D’ordinaire, ce sont des présumés méchants que l’on renvoie devant les juges. Mais le procès qui est annoncé pour le 14 janvier prochain à Boulogne-sur-Mer présente une incongruité inhérente au profil du prévenu : on va juger un présumé gentil. Il s’appelle Rob Lawrie, il a 49 ans, vient de la banlieue de Leeds en Angleterre et il est poursuivi pour avoir facilité la circulation d’une personne en situation irrégulière.
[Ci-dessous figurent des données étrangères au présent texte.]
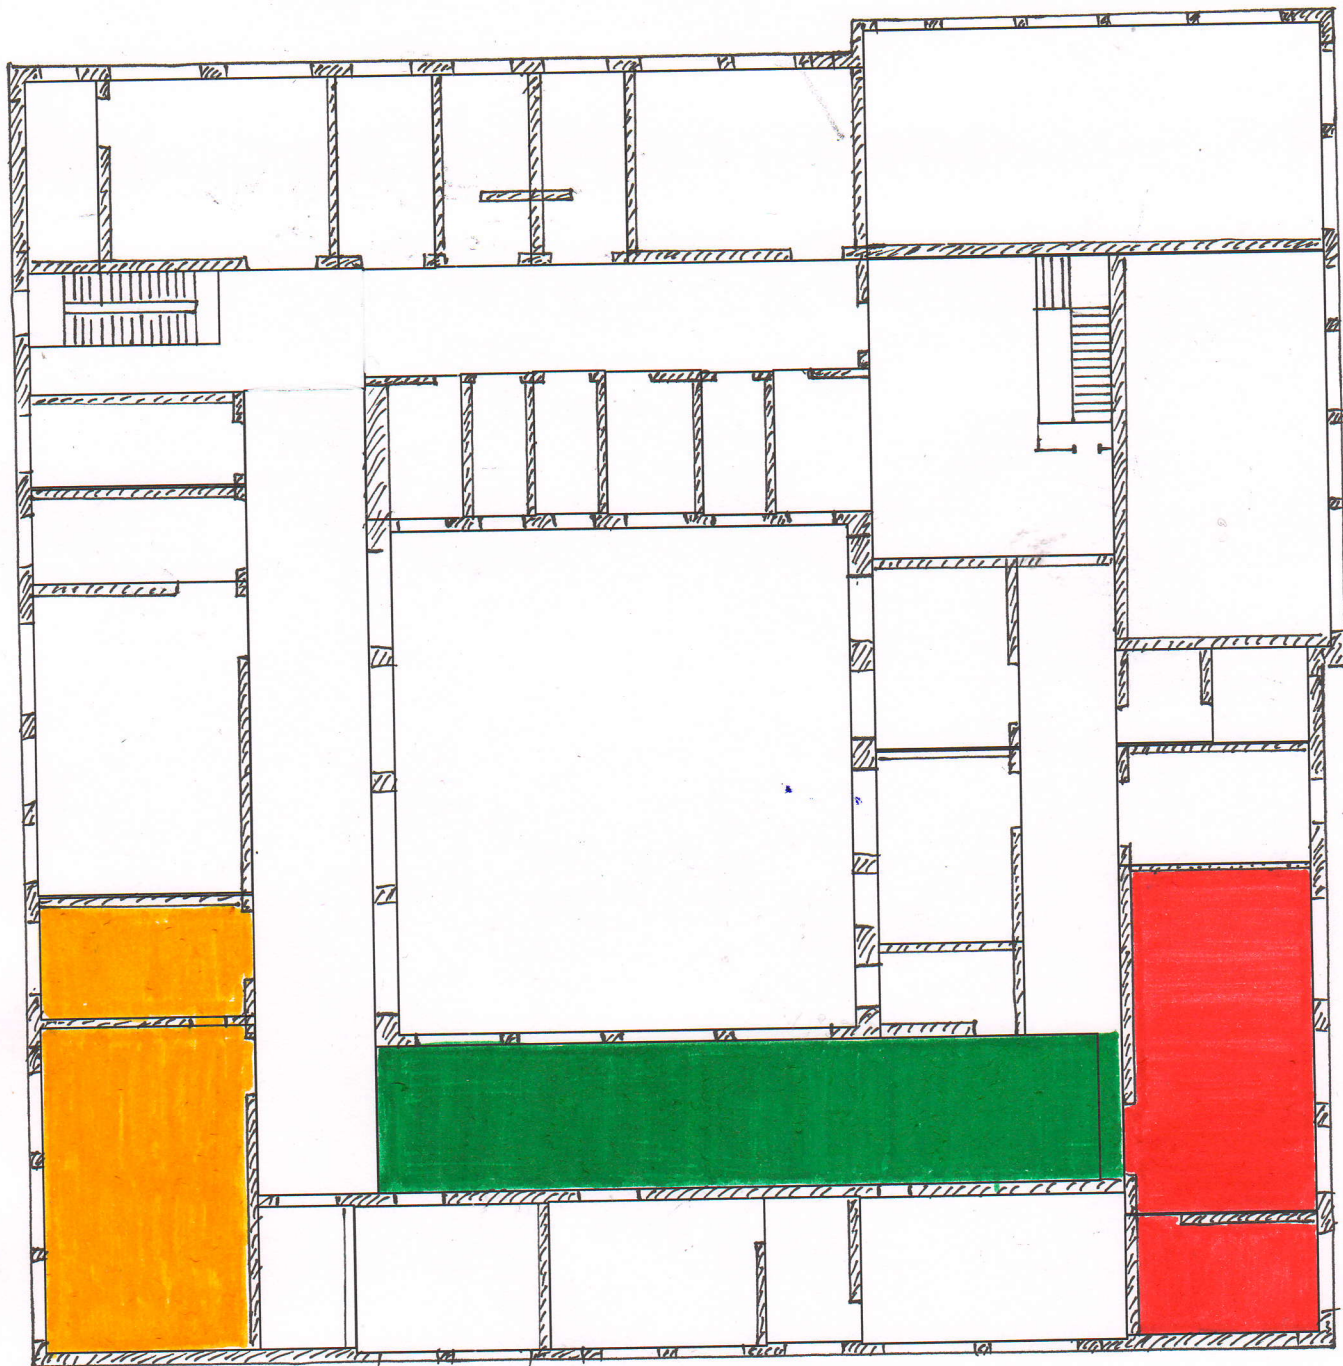

*Зонирование Центра образования «Точка роста»
муниципального автономного общеобразовательного учреждения
«Сырковская средняя общеобразовательная школа»*

2 этаж

Биологическая и химическая лаборатория

Физическая лаборатория

Зона для коллективной работы

Après avoir apporté son aide aux réfugiés de la jungle de Calais, il a fini par craquer et a embarqué sur le ferry qui le ramenait chez lui, une fillette de 4 ans qui s’était attachée à lui. Le père de l’enfant suppliait depuis des semaines ce Britannique de faire passer la petite Bahar, une fillette afghane de 4 ans, de l’autre côté de la Manche où des cousins étaient prêts à l’accueillir.
L’entreprise a échoué, la police française l’a coincé. L’enquête a pu établir que Rob Lawrie n’est pas un passeur. C’est l’histoire d’un homme que la vie n’a pas vraiment gâté mais qui a vu dans cette crise migratoire pire destin que le sien. Il organise des collectes de dons, s’en va construire des abris dans l’enfer calaisien, sa façon à lui de réagir à la photo du petit Aylan, cet enfant Syrien dont le cadavre échoué sur une plage grecque avait ému le monde entier.
Pendant que les dirigeants de ce monde, Européens en tête, se refilaient le même discours sur l’insoutenable drame des réfugiés et le même masque de grand humaniste, Rob Lawrie, a relevé les manches. Il est passé à l’action laissant aux grands moralisateurs, le soin d’animer les réseaux sociaux de leur avis éclairé sur le nécessaire accueil des victimes de toutes les formes d’oppression.
Le Britannique a précisément songé à prêter assistance à une personne en danger. En fait non, il n’y a pas vraiment songé, c’était un coup de folie sous le coup d’une émotion intense, apprend-on des différents portraits de lui dressés par les médias.
Il ne sera pas le premier à être jugé pour avoir essayé de prêter assistance à des réfugiés, d’autres ont été condamnés avant lui. Des gentils menacés de prison ferme, ça colle assez bien avec la saison. C’est l’altruisme qu’on crucifie.
Geneviève Montaigu
Désolé, Geneviève, de ne pas adhérer à cette position.
Je ne pense pas que cet évènement va « crucifier les altruistes » – comme vous dites – ceux qui oeuvrent de façon méritoire tout en restant dans un cadre légal.
Quelles que soient ses motivations, il n’est pas acceptable qu’un individu embarque une gamine – avec laquelle il n’a aucun lien – dans son poids-lourd et essaye de lui faire traverser des frontières. Accepter cela ouvre la voie à toutes les dérives. Il s’en tirera probablement avec une condamnation symbolique en mettant en avant sa bonne foi et sa volonté de bien faire mais on ne peut objectivement adhérer à sa démarche.
Comme beaucoup, vous vous laissez submerger par des élans émotionnels (petit Aylan etc.) qui n’ont rien à voir avec un travail journalistique sérieux et objectif et vous semez le doute dans ceux qui agissent légalement.
Et si le père de la petite est si désespéré, il peut aussi prendre le chemin de la Belgique (pas loin) ou de l’Allemagne (pas trop loin non plus). Il y sera bien accueilli (L’état belge par exemple est systématiquement condamné s’il laisse à la rue une seule nuit un demandeur d’asile).
C’est incontestablement la victoire de la raison sur l’émotion. Et pourtant cet homme a fait preuve de vertu!
L’histoire de ce malheureux me rappelle les misérables de Victor Hugo avec le conflit de Mr Javert et Mr Jean Valjean. Nos auteurs des siècles passés ont mis en exergue ce goufre entre la société dirigeante et l’être social ordinaire. Chacun a ses lunettes individuelles pour contempler la réalité du terrain, les uns avec des discours et les autres avec des actions spontanées. Ce qui les rassemble c’est le partage du territoire dans la dignité. Or la dignité n’a pas de prix ni de conditions. C’est ce qui a motivé le geste de cet homme altruiste.